Sanctions on Rosneft

•Russia also remains resentful of sanctions imposed on Rosneft, which is building the gas pipeline project Nord Stream 2 across the Baltic Sea, carrying Siberian gas to Germany, a major consumer. This pipeline was delayed due to opposition from Denmark’s environmental activists and could not be completed before the U.S. sanctions kicked in. Moscow has accused Washington of using geopolitical tools for commercial reasons.

•Russia had promised to retaliate at a time of its own choosing. The energy war over prices is Russia’s revenge, to cripple the American shale oil industry. President Donald Trump has scrambled to put together a rescue package for the shale oil companies. Russia is also signaling to Saudi Arabia that its American patrons can do little to protect its oil interests and it would be prudent for Saudi Arabia to reach some understanding with Russia. Both Saudi Arabia and Russia depend heavily on oil revenues — upwards of 80% of export revenues accrue from crude oil. Both are also fighting to retain market share. It has been reported that Saudi Arabia has agreed to supply crude oil at lower rates to refiners in India and China, two primary customers, but refused to supply to other refiners in Asia. This will impact on India’s oil procurement from the U.S..
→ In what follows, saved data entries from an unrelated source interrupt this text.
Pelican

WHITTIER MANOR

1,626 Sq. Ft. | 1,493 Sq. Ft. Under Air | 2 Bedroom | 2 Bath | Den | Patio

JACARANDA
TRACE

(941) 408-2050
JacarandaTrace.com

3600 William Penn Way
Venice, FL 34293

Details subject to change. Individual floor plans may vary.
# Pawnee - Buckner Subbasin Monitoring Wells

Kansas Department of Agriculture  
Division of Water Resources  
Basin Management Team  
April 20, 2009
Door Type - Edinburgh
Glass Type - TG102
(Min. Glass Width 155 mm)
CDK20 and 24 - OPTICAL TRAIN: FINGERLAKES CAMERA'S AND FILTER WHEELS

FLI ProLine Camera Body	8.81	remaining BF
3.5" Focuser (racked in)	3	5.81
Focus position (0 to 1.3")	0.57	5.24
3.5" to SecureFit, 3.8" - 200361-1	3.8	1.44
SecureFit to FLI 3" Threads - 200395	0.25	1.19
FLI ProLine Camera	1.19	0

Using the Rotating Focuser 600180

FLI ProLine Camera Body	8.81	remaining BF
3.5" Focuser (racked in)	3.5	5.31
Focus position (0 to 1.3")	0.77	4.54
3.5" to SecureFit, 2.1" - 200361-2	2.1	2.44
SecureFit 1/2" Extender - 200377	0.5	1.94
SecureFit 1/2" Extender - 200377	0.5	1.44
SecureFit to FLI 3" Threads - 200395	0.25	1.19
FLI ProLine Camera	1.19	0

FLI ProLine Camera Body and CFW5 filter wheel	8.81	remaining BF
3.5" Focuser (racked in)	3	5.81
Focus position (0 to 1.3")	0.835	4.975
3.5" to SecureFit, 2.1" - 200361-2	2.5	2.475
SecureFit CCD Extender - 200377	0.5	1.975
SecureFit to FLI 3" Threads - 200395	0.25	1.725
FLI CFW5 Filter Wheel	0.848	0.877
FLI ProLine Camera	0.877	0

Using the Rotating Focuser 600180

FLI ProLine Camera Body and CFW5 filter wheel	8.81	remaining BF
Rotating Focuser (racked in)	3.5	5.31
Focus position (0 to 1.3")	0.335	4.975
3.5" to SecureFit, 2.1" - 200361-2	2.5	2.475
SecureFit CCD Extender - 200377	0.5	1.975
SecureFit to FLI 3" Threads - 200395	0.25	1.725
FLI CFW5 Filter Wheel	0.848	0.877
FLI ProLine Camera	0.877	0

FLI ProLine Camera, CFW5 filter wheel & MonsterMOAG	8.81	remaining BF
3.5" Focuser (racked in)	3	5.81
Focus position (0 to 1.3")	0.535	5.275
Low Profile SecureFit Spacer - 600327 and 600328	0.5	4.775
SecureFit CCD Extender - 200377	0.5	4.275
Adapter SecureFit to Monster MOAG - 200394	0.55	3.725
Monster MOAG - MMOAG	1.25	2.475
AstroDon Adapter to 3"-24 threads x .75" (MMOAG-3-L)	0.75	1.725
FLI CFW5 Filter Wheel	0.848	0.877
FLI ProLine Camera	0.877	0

Benefit to importing countries

•Lower crude oil prices are not necessarily bad news for oil importing countries like India, which is the world’s third-largest importer of crude oil and the fourth largest importer of LNG. There are, however, collateral adverse consequences like the battering of the stock markets worldwide. The global economy, already impacted by President Donald Trump’s trade war with China and other countries, including India, and the COVID-19 pandemic, may find lower energy costs helpful in overall growth.

•From a high of $147 per barrel in 2008, crude oil prices have fallen to around $24 per barrel and may even go further southwards. India, with 80% of its energy requirements met by imports from the international market, stands to save Rs. 10,700 crores for every $1 drop in prices. While this may help manage the current account deficit, fiscal deficit and inflation, there are non-oil related collateral factors that can cause countervailing adverse economic impact.

•There is no doubt that India will benefit from lower oil prices, if the cost of fuel at the pump is passed on to consumers. It will reduce transportation costs and boost demand. The consumer, however, may not benefit much since the government may choose to use this financial windfall for other purposes, like bailing out banks which have been hollowed out by NPAs to leading Indian companies.

•Can Russia and Saudi Arabia sustain the energy war for long? Unlikely. Saudi Arabia’s production cost is the cheapest in the world and it can ramp up production to around 12 million barrels a day. By offering discounts, it can undercut other producers, including Russia. Domestic considerations also matter.

•Meanwhile, oil importing countries, like India, can enjoy a breather and cushion the adverse impact of COVID-19 and other factors.